We're at the end of a 13 year program of systematic underfunding in all aspects of public services. I suspect the complaints around ofsted's approach are reaching a crescendo now because next year schools are going to be under even more financial pressure as a result of unfunded pay rises. My partner's large primary is going from running a surplus of 1/2 a million per year to a deficit of 1/4 despite the fact they couldn't attract LSAs and other staff due to their hands being tied on wages so were understaffed. They're going to have to lose staff. About 10% if my sums are correct, and lose the minibus and a load of other stuff they did to make school a good experience. They're being set up to fail. My partner got the school from required improvement when she went in there to good. There's little chance of it getting to outstanding now. I keep telling her to leave and get a management role in the private sector.
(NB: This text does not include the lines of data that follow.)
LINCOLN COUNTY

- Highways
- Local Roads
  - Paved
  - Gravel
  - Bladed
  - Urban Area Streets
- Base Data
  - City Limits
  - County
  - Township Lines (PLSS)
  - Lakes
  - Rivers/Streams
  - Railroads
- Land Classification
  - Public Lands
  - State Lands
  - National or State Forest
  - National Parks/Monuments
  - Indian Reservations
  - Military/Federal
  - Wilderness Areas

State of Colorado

There was a HT suicide in Plymouth a few years ago after inspection. My partner knows the HMI.
Undoubtedly.
No-one of otherwise sound mind takes their own life over a bad work review. It’s likely that such a thing was the tipping point for the unfortunate teacher, but it cannot have been the only factor.
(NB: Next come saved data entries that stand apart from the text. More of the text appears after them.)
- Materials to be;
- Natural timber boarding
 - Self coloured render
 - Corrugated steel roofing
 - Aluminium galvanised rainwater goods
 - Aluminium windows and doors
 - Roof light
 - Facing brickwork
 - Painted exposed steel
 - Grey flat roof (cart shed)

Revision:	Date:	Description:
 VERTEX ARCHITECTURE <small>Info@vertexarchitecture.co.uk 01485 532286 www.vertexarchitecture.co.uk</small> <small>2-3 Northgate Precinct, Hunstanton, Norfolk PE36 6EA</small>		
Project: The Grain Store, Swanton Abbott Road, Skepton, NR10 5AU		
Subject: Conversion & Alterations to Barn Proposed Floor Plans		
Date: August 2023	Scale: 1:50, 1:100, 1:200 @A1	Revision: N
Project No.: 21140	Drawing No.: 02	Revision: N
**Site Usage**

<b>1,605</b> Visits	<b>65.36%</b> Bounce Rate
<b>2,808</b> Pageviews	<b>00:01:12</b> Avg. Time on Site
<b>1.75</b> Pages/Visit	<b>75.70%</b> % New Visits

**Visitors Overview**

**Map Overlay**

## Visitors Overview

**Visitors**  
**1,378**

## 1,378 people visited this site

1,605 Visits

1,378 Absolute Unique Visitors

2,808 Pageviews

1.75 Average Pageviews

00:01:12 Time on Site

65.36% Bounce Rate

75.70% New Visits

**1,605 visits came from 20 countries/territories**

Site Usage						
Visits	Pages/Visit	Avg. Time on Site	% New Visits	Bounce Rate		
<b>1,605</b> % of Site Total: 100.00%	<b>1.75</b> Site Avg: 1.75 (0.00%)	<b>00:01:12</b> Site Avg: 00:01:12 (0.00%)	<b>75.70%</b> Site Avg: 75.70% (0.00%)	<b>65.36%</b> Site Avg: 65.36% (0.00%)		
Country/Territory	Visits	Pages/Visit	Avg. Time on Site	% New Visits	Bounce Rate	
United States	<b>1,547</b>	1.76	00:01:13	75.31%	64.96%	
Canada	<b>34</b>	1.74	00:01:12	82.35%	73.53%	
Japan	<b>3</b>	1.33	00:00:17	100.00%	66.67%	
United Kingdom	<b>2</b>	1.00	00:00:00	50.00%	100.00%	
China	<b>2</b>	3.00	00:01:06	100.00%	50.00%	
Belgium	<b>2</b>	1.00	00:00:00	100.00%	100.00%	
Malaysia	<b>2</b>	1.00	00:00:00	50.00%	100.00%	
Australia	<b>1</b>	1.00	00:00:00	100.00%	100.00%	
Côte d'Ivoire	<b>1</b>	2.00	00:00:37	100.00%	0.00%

It's not just a bad work review is it? It's a very public negative review. Probably criticising everything you've spent your entire career working towards and, since the alleged issues were with management, directly pointing the blame at the head. In another environment, you might disappear into a different business and learn from the experience. In teaching there's a near state monopoly on teachers and it would be difficult for a head teacher to leave and find another job in their profession without this very public review following them. Now obviously lots of people get and deal with that sort of issue, but I'll bet nobody has ever run any training for HTs on how to cope professionally and personally with bad Ofsted reports. If schools round here are anything to go by there would be mental health first aiders around - but they will all be subordinate to the HT so its not really a realistic expectation for them to turn to there. A supportive employer would probably have MHFAs within a cohort from of HTs from other schools and indeed a support infrastructure for neighbouring heads to support each other. And I would certainly not hold the governers harmless if their HT commits suicide as a result of work related issues. BUT ofsted's job is to go and find the schools where there are problems which means schools with poor LA (or other employer) support and unsuportive governors should be exactly the sort of problem school they expect to have to give negative feedback to. Its therefore totally foreseeable that they could be the straw that breaks the camel's back. If head teachers published the report cards for all pupils on the web with no opportunity to challenge the content I'd imagine Ofsted might be making negative comments about the potential impact on pupil welfare.
I acknowledged that rules is rules but my point was the wider context of zero praise and criticism of every tiny thing
You don't go into work day in and day out for the compliments. If that was the case teachers wouldn't be striking for more pay, they'd be begging for someone to say their hair looked nice.
"Criticism of a tiny thing" in your mind is an auditors "symptom of widespread non-conformity"
It's like the stories above about being at work til midnight getting things ready for the inspection. It should be right, all the time.
My daughters school has recently gone from outstanding to inadequate. The teaching is still 'good' so not about them. It's about built-in, systematic failure in safeguarding and reporting.
It was so bad, the local authority had to be informed about some incidents that the school had barely recorded, not investigated and was allowed to go on for years without any improvement.
Without Ofsted it would still be like that, rather than being dragged into compliance. Doesn't make the scandal sheets though.